▶ Data block:
* * * *
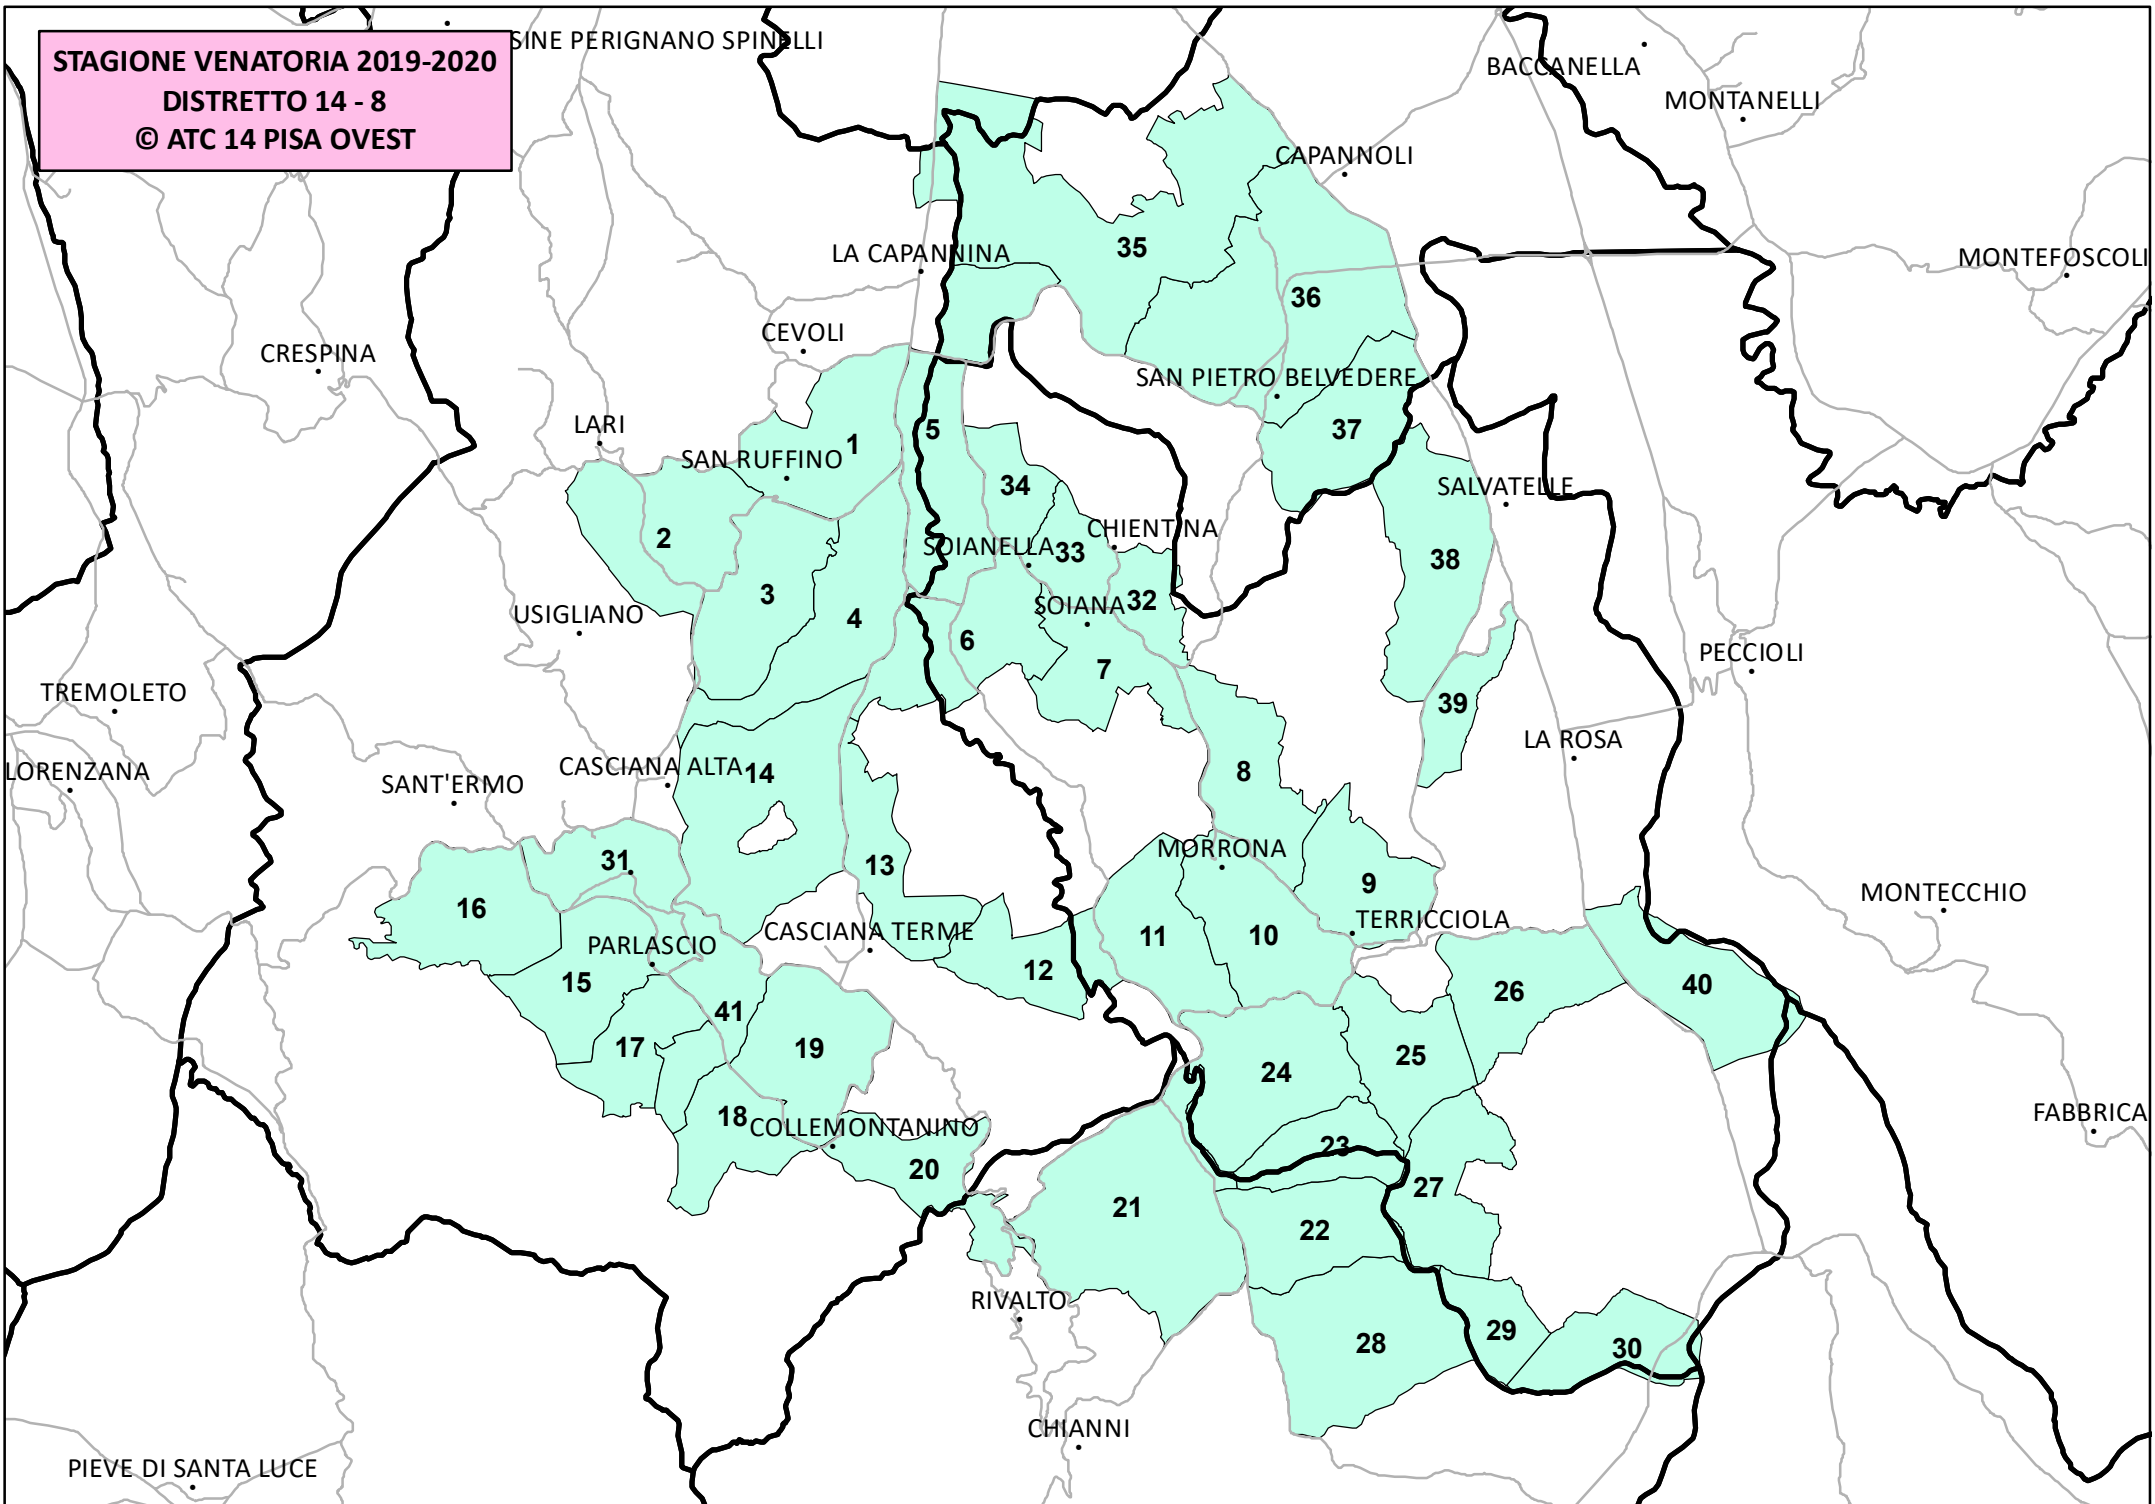

STAGIONE VENATORIA 2019-2020
DISTRETTO 14 - 8
© ATC 14 PISA OVEST

PIEVE DI SANTA LUCE
* * * *
▶ What is being asked: Where the data includes pictures, leave them out and write out everything else exactly.

▶ Response to the task:
STAGIONE VENATORIA 2019-2020
DISTRETTO 14 - 8
© ATC 14 PISA OVEST

PIEVE DI SANTA LUCE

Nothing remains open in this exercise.